■ Task requirements
Look through the records below, and whenever a line contains "MESH", copy it.

■ Task inputs
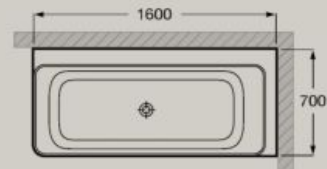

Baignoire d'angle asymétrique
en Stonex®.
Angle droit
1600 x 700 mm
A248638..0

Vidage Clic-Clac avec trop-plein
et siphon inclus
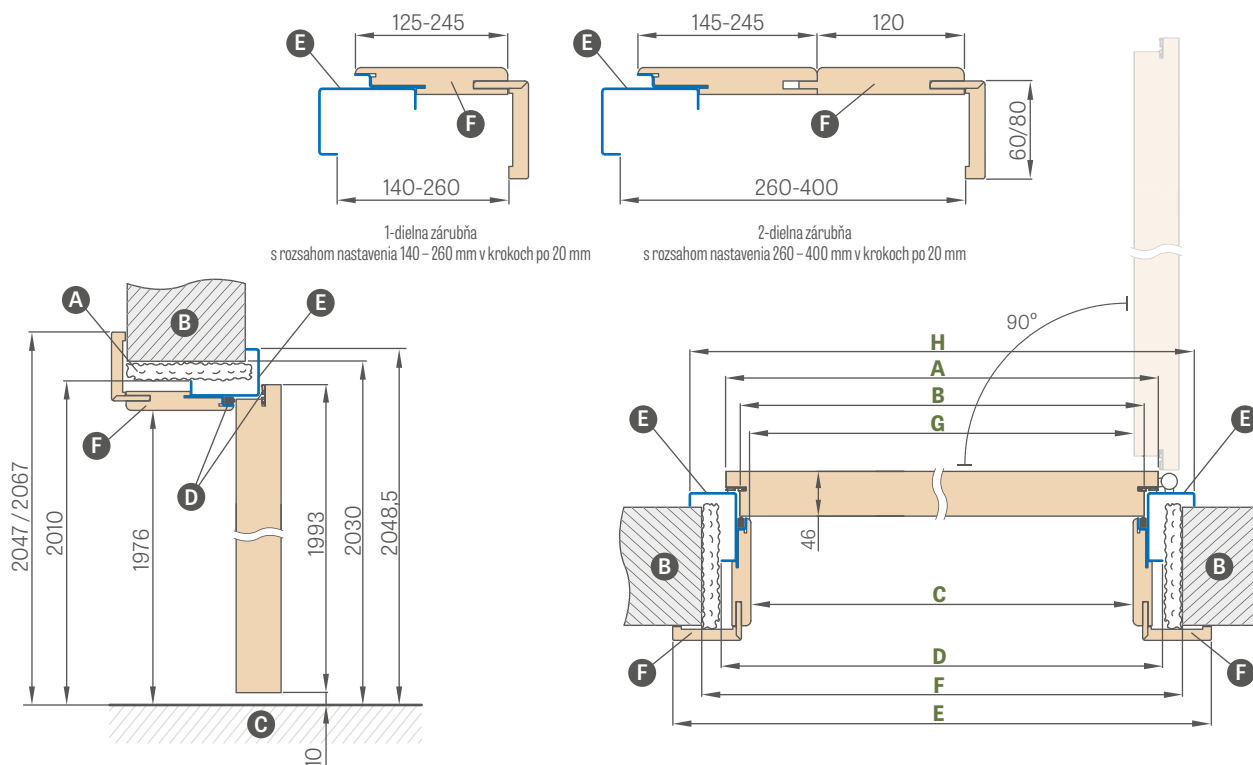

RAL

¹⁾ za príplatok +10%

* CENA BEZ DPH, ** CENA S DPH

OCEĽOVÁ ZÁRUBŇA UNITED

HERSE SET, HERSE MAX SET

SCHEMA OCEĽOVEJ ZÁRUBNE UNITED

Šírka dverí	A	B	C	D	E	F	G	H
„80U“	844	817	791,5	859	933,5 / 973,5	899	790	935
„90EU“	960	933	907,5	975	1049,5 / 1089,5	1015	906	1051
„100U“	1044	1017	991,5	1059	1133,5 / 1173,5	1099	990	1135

--

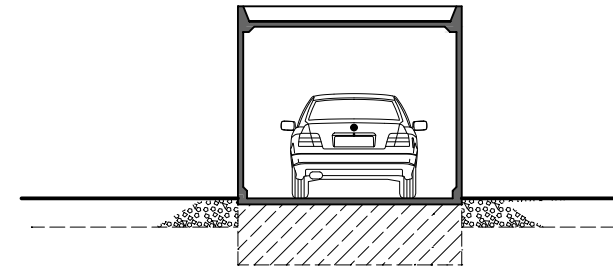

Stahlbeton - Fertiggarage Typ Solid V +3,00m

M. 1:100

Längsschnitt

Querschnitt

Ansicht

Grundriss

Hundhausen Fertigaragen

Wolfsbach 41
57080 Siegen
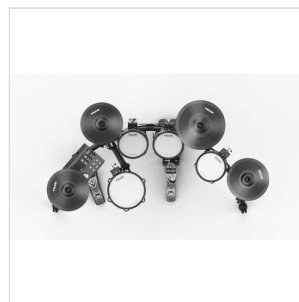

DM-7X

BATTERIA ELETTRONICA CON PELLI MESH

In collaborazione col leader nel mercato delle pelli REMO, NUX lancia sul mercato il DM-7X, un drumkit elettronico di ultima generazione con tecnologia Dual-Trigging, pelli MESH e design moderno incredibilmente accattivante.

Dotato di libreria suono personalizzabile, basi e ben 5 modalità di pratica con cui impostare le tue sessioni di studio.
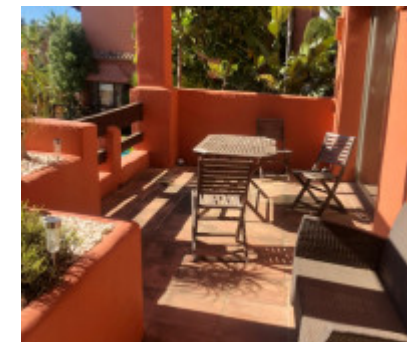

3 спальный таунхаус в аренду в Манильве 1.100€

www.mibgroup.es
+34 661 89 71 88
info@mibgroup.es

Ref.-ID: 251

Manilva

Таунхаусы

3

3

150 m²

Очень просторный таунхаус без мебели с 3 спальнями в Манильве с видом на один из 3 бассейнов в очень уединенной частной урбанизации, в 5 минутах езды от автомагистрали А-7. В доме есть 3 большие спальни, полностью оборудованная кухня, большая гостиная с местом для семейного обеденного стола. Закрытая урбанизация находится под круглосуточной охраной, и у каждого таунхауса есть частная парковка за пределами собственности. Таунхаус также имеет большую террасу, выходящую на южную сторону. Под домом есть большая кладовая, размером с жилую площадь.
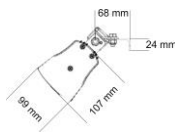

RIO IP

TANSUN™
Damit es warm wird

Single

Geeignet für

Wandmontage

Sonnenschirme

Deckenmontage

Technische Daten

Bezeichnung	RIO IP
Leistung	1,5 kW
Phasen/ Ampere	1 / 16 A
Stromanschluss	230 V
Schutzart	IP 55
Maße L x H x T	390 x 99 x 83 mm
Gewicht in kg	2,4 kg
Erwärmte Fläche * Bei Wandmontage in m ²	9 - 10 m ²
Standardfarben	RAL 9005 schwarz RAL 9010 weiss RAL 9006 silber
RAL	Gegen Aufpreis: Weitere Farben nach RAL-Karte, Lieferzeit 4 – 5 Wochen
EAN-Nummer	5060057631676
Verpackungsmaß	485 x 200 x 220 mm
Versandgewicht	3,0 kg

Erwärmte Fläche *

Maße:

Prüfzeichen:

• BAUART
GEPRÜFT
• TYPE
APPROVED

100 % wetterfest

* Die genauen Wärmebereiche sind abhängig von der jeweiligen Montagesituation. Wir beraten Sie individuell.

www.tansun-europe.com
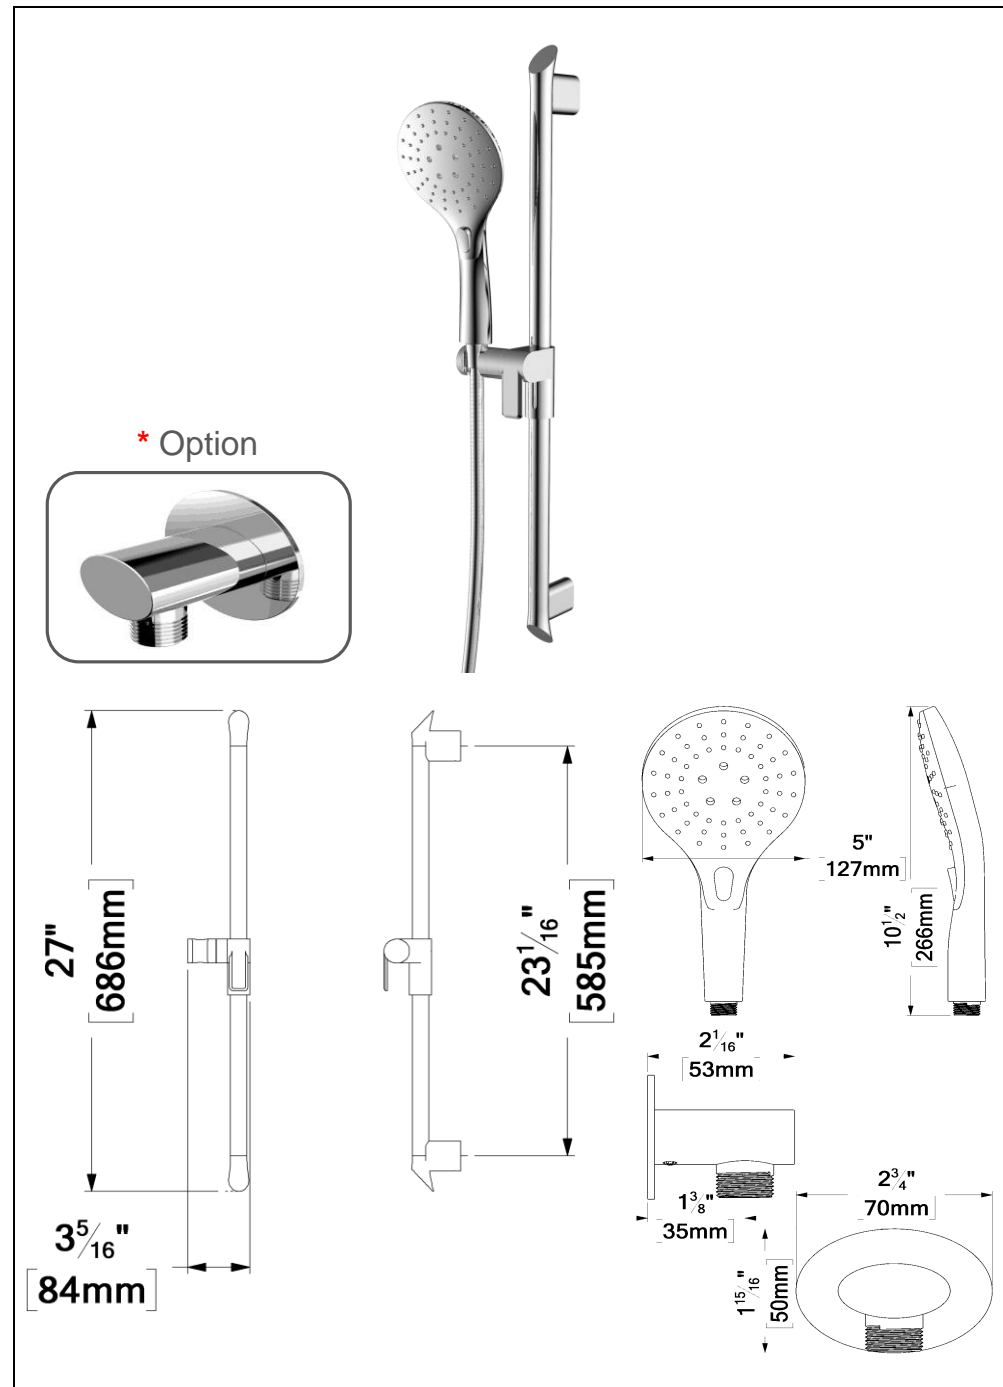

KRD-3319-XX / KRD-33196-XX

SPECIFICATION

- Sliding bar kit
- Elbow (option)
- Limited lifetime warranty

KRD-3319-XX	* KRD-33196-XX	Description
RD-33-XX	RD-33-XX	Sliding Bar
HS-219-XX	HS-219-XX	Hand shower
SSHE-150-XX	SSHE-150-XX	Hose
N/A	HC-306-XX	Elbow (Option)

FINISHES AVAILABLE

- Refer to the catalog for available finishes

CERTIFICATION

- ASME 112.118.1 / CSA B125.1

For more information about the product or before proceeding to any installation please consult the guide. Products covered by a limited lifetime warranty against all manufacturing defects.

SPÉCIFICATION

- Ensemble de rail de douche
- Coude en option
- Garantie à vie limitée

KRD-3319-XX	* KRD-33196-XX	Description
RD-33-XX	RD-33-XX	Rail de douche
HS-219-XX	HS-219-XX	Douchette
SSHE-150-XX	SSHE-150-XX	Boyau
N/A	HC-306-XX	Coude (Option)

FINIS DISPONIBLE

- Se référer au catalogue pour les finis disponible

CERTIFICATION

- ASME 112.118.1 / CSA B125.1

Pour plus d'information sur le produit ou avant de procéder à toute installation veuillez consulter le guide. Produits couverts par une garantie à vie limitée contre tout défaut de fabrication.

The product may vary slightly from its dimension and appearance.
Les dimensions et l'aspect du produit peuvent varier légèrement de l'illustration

--

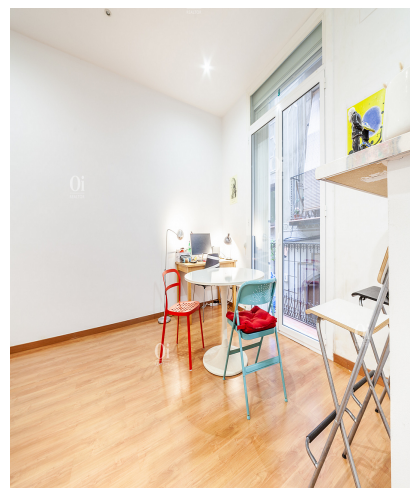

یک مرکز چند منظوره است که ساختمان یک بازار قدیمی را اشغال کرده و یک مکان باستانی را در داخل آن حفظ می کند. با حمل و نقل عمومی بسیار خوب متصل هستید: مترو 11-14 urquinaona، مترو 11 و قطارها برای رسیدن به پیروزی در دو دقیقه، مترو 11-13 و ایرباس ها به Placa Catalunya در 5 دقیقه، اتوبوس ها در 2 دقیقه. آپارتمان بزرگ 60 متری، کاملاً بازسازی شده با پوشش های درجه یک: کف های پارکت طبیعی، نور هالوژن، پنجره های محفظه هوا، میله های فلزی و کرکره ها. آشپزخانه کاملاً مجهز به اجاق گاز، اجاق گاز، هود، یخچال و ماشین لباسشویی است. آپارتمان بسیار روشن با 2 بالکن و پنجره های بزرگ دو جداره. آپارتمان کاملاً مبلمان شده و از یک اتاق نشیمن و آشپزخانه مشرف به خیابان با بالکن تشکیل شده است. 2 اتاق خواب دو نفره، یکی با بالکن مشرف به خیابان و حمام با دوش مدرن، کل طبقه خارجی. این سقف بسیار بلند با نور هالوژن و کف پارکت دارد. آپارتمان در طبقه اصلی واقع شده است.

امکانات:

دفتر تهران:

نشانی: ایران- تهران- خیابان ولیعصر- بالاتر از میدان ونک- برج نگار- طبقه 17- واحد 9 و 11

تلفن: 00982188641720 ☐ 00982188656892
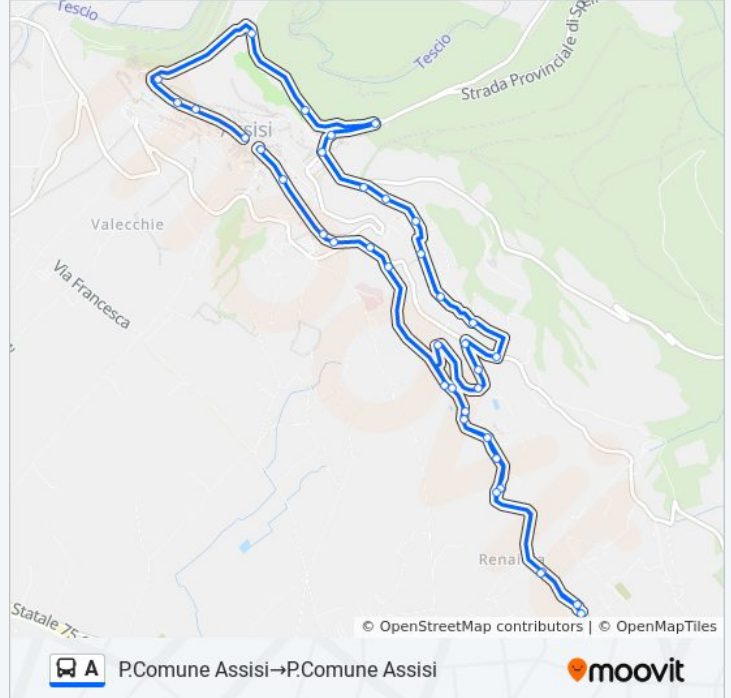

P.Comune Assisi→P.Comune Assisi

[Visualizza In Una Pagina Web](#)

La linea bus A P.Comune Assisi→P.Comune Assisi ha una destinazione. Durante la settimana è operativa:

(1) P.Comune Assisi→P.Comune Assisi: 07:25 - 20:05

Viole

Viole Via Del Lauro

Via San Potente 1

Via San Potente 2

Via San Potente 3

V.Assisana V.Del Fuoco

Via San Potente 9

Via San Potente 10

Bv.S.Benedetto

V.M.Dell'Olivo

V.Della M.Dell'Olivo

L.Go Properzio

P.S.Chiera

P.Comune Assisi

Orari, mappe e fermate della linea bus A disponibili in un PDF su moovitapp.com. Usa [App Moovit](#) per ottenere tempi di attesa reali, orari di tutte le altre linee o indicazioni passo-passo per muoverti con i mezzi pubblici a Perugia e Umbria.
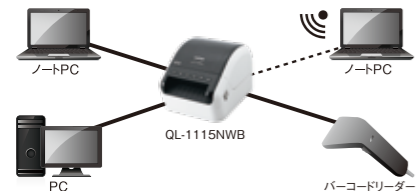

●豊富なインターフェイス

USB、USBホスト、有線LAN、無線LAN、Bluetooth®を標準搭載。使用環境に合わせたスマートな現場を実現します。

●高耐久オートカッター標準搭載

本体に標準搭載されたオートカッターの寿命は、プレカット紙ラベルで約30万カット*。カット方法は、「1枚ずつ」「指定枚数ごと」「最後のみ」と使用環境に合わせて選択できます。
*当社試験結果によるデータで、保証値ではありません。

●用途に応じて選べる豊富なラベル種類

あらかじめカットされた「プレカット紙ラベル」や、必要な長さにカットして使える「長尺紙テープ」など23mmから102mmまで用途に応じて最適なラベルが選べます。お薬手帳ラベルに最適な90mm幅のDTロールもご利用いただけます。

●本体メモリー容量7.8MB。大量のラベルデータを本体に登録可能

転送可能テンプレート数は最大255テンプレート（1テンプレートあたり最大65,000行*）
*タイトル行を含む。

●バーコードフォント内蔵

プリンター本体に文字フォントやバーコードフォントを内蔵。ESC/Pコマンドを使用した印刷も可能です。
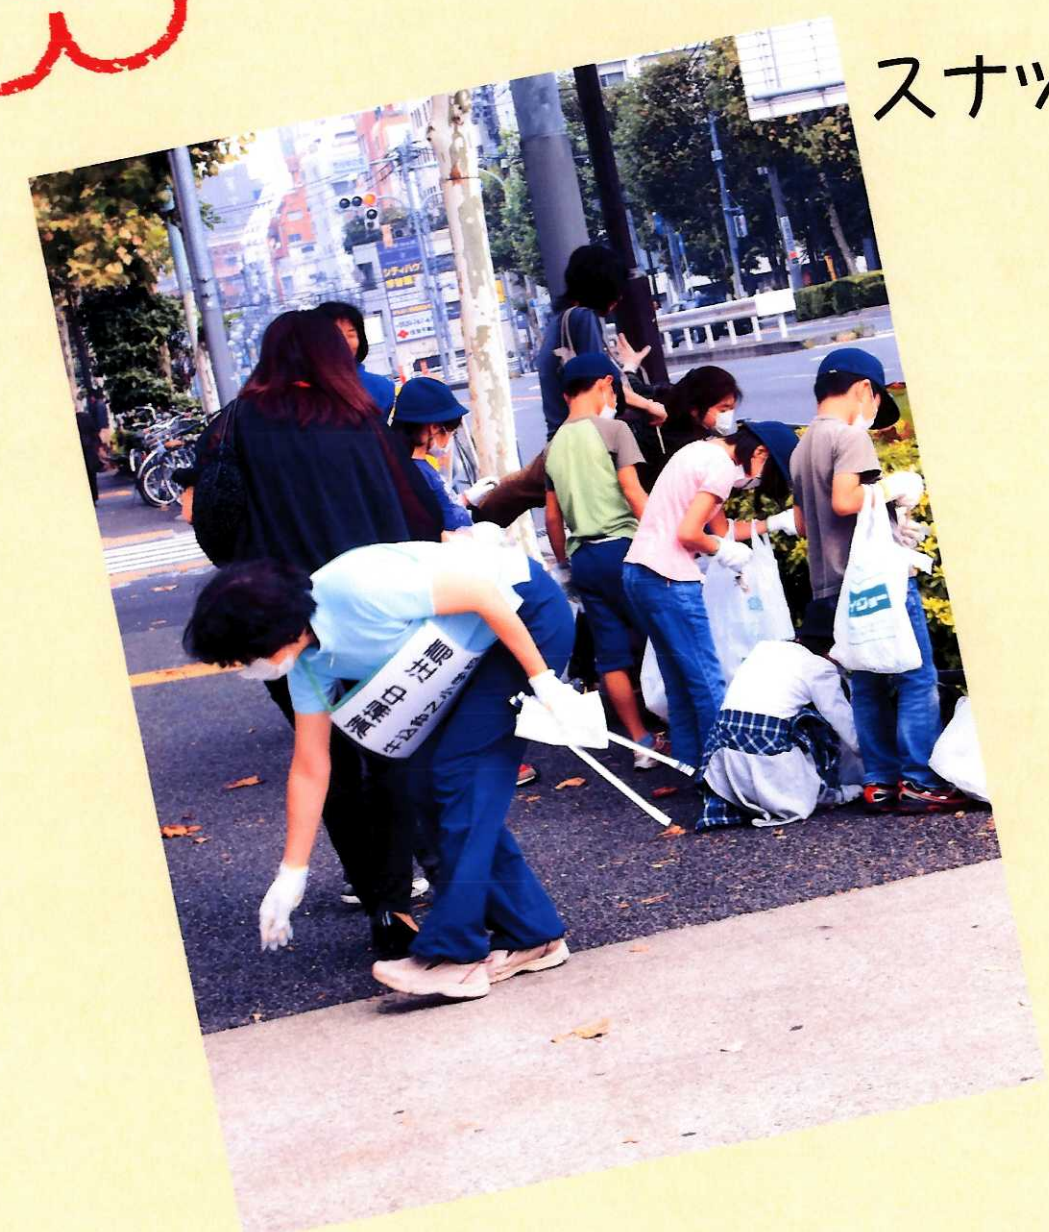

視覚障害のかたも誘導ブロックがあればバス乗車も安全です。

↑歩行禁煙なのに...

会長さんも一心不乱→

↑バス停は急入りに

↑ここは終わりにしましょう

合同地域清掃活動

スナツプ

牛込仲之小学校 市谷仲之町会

■ Response
BATTERIA ELETTRONICA CON PELLI MESH
In collaborazione col leader nel mercato delle pelli REMO, NUX lancia sul mercato il DM-7X, un drumkit elettronico di ultima generazione con tecnologia Dual-Trigging, pelli MESH e design moderno incredibilmente accattivante.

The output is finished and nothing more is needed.